The Presence, Implications, and Mitigation of Within-Field Variability on Sports Fields

Abstract

Within-field variability has been a recent topic of interest in sports field management and may influence field safety and playability. However, little is known about the presence, impact, or mitigation of within-field variability; therefore, this thesis aims to add to the growing knowledge. Three independent studies were conducted. The first explored short-term variability of surface hardness, soil moisture, turfgrass cover, and normalized difference vegetation index of a soccer pitch during a nine-day professional soccer tournament in a stadium environment. Surface hardness and soil moisture changed the least, while turfgrass cover changed the most over the course of the tournament. The second study investigated the impact of force reduction within-field variability on collegiate rugby athletes’ peak tibial accelerations using ankle-worn inertial measurement unit (IMU) sensors on natural turfgrass and synthetic turf fields during three athletic maneuvers (drop landing, drop jump, and acceleration-deceleration ability). Peak tibial accelerations were significantly higher in the low force reduction areas compared to high force reduction areas during the drop landing activity on both field types. The peak tibial accelerations were also higher on the low force reduction area for the first landing of the drop jump on the natural turfgrass field. The second landing of the drop jump on natural turfgrass and both landings on the synthetic turf field were not different. No statistical difference was detected for peak tibial accelerations for the acceleration-deceleration ability trial on either field type. The final study investigated the efficacy of precision aerification at mitigating surface hardness consistency during a growing season on fields with a loamy sand or sand-capped rootzone.
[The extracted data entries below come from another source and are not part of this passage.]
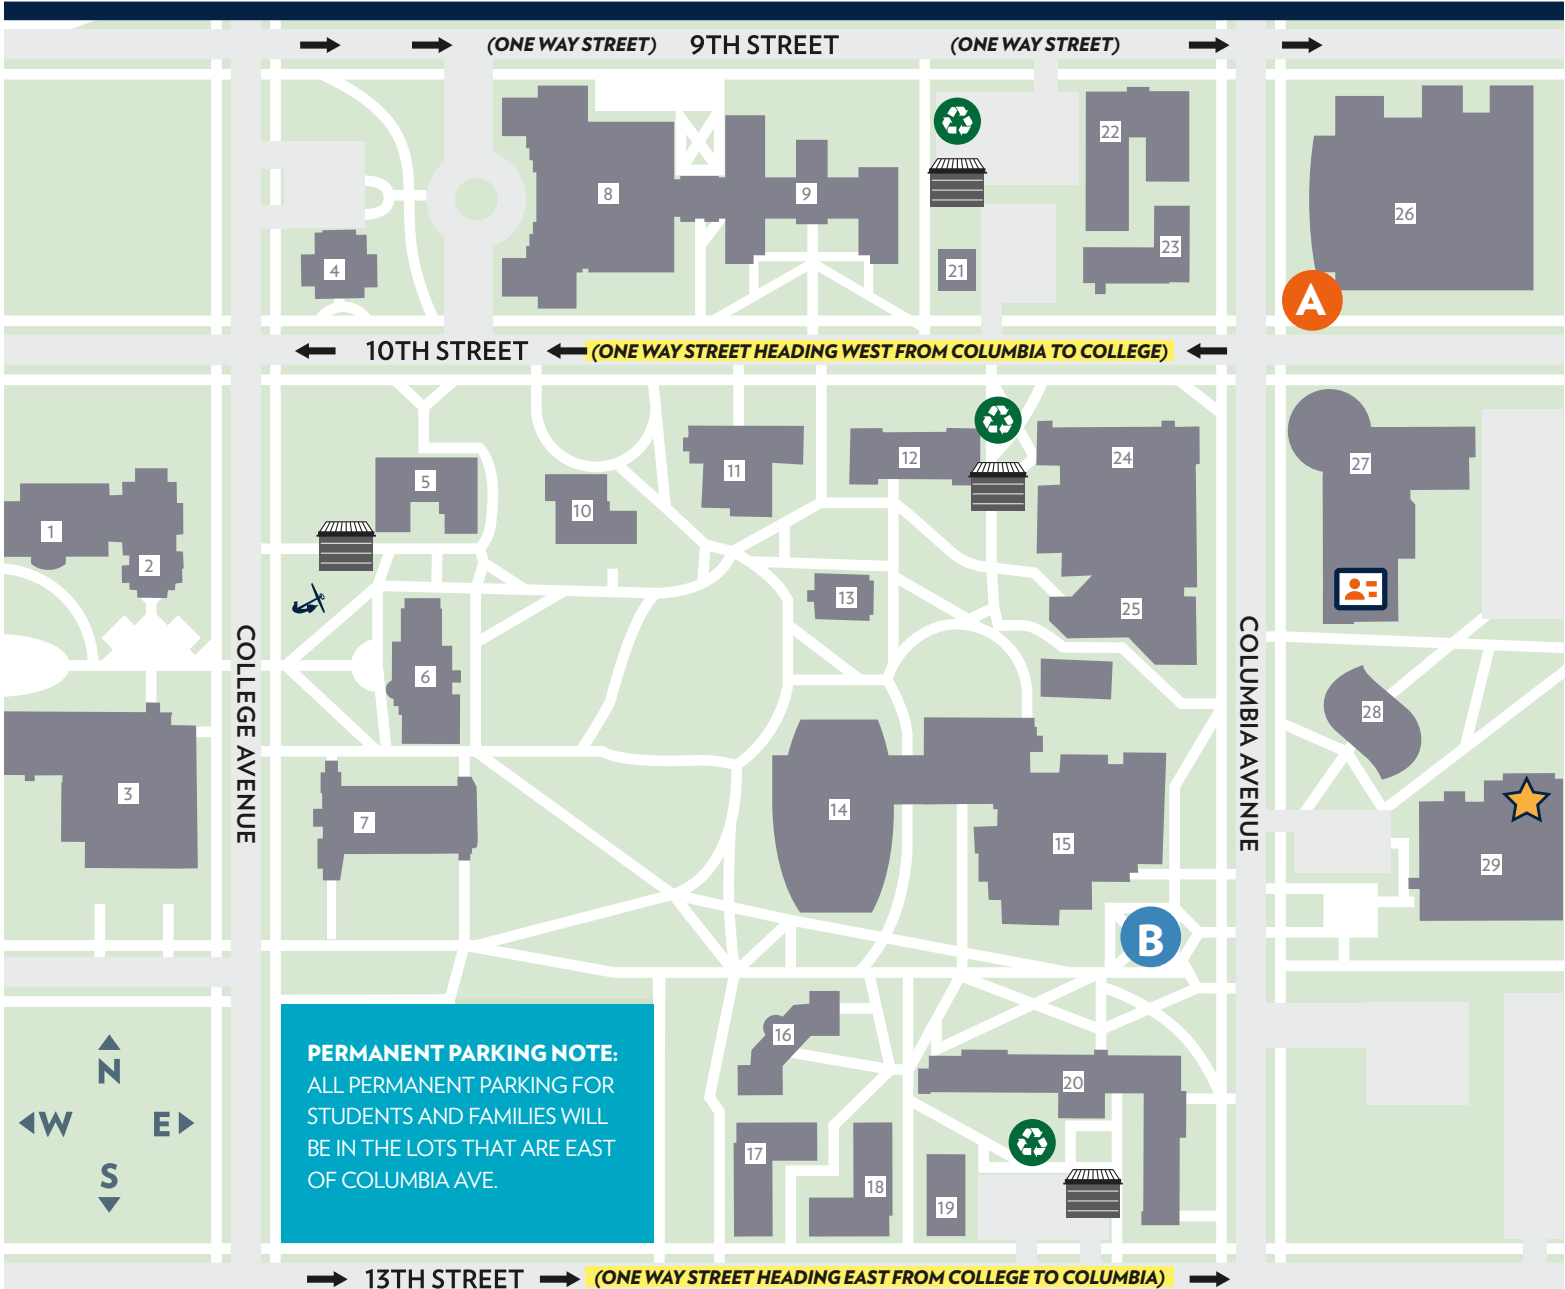

RECYCLING

STUDENT ID

DUMPSTER

CAMPUS SAFETY

**CHECK-IN TENT FOR:**  
Cook, Durfee, Dykstra, Gilmore,  
Phelps and Voorhees Halls

**CHECK-IN TENT FOR:**  
Kollen, Lichty, Scott, Van Vleck, Wyckoff Halls  
and Cottages + Apartments

**PERMANENT PARKING NOTE:**  
ALL PERMANENT PARKING FOR STUDENTS AND FAMILIES WILL BE IN THE LOTS THAT ARE EAST OF COLUMBIA AVE.

- 1. Van Zoeren Hall
- 2. Van Wylen Library
- 3. A. Paul Schaap Science Center
- 4. Bekkering Admissions Office
- 5. Voorhees Hall
- 6. Graves Hall
- 7. Dimnent Memorial Chapel
- 8. Haworth Hotel
- 9. Cook Hall
- 10. President's House
- 11. Durfee Hall

- 12. Lubbers Hall
- 13. Van Vleck Hall
- 14. Bultman Student Center
- 15. DeWitt Student & Cultural Center
- 16. van Andel Huys der Hope  
(Campus Ministries)
- 17. Wyckoff Hall
- 18. Scott Hall
- 19. Lichty Hall
- 20. Kollen Hall

- 21. Keppel House  
(Center for Diversity and Inclusion)
- 22. Dykstra Hall
- 23. Gilmore Hall
- 24. Phelps Hall
- 25. Maas Center
- 26. Jack H. Miller Center for Musical Arts
- 27. Martha Miller Center for Global Comm.
- 28. Kruizenga Art Museum
- 29. De Pree Art Center and Gallery
- 30. Dow Center

The triannual blanket and annual precision aerifications resulted in more consistent surface hardness compared to the untreated control on the loamy sand field. The annual and triannual precision aerifications, as well as the triannual blanket aerification, each performed better than the untreated control on the sand-capped rootzone. Results have important implications on field management strategies and athlete biomechanics moving forward.